Performs a very fast OCR on a list of images (file path, url, base64, bytes, numpy, PIL ...) using Tesseract and returns the recognized text, its coordinates, and line-based word grouping in a DataFrame.
from multitessiocr import tesser_ocr
piclist = [
r"C:\screeeni\35.png",
r"C:\Users\hansc\Downloads\2023-11-12 00_48_43-.png",
r"C:\Users\hansc\Downloads\WhatsApp Image 2023-09-19 at 12.03.41 PM.jpeg",
r"C:\Users\hansc\Downloads\WhatsApp Image 2023-09-19 at 11.06.46 AM.jpeg",
r"C:\Users\hansc\Downloads\WhatsApp Image 2023-09-19 at 11.06.33 AM.jpeg",
r"C:\Users\hansc\Downloads\WhatsApp Image 2023-09-19 at 11.06.22 AM.jpeg",
r"C:\Users\hansc\Downloads\WhatsApp Image 2023-09-19 at 12.03.42 PM.jpeg",
]
df = tesser_ocr(
piclist=piclist,
tesser_path=r"C:\Program Files\Tesseract-OCR\tesseract.exe",
add_after_tesseract_path="",
add_at_the_end="-l eng+por --psm 3",
processes=5,
chunks=5,
print_stdout=False,
print_stderr=True,
)
# aa_text aa_start_x aa_start_y aa_end_x aa_end_y aa_object aa_type aa_element_index aa_page aa_index aa_language aa_parents aa_all_children aa_direct_children aa_tag aa_x_size aa_x_descenders aa_x_ascenders aa_x_wconf aa_baseline_1 aa_baseline_2 aa_document_index aa_width aa_height aa_area aa_center_x aa_center_y
# 7 Ameta-markup 802 318 922 335 word word 1 1 3 <NA> (4, 5) () () span <NA> <NA> <NA> 77.0 <NA> <NA> 0 120 17 2040 862 326
# 8 language, 933 321 1001 335 word word 1 1 4 <NA> (4, 5) () () span <NA> <NA> <NA> 96.0 <NA> <NA> 0 68 14 952 967 328
# 9 used 1014 318 1050 331 word word 1 1 5 <NA> (4, 5) () () span <NA> <NA> <NA> 96.0 <NA> <NA> 0 36 13 468 1032 324
Perform OCR on a list of images using Tesseract.
Parameters:
- piclist (list): List of image file paths.
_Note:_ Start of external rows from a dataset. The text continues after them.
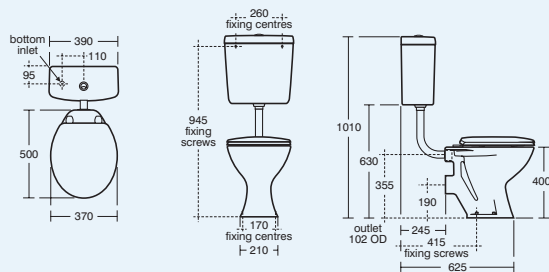

Sandringham21 Magnia Low Level Bowl with Push Button

New Code	Old Code	Description
S351001		Sandringham Magnia low level bowl, horizontal outlet
E876101	S372501	Sandringham21 low level cistern, bottom inlet, 6/4 litre dual flush valve
S405501		Gemini toilet seat and cover

Sandringham21 Magnia Low Level Bowl with Lever

New Code	Old Code	Description
S351001		Sandringham Magnia Low level bowl, horizontal outlet
E896901	S390201	Sandringham21 low level cistern, bottom inlet, 6 litre siphon flush
E897201	S390001	Sandringham21 low level cistern, side inlet, 6 litre siphon flush
S405501		Gemini toilet seat and cover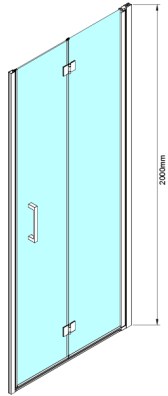

GN4570/GN4580/GN4590

Model	A	B
GN4570	675-705	570
GN4580	775-805	670
GN4590	875-905	770

- tesser_path (str): Path to the Tesseract executable.
- add_after_tesseract_path (str): Additional parameters to add after the Tesseract path.
- add_at_the_end (str): Additional parameters to add at the end of Tesseract command.
- processes (int): Number of parallel processes for image processing.
- chunks (int): Number of chunks to divide the image list for parallel processing.
- print_stdout (bool): Whether to print standard output during execution.
- print_stderr (bool): Whether to print standard error during execution.
Returns:
- pd.DataFrame: A DataFrame containing parsed OCR results.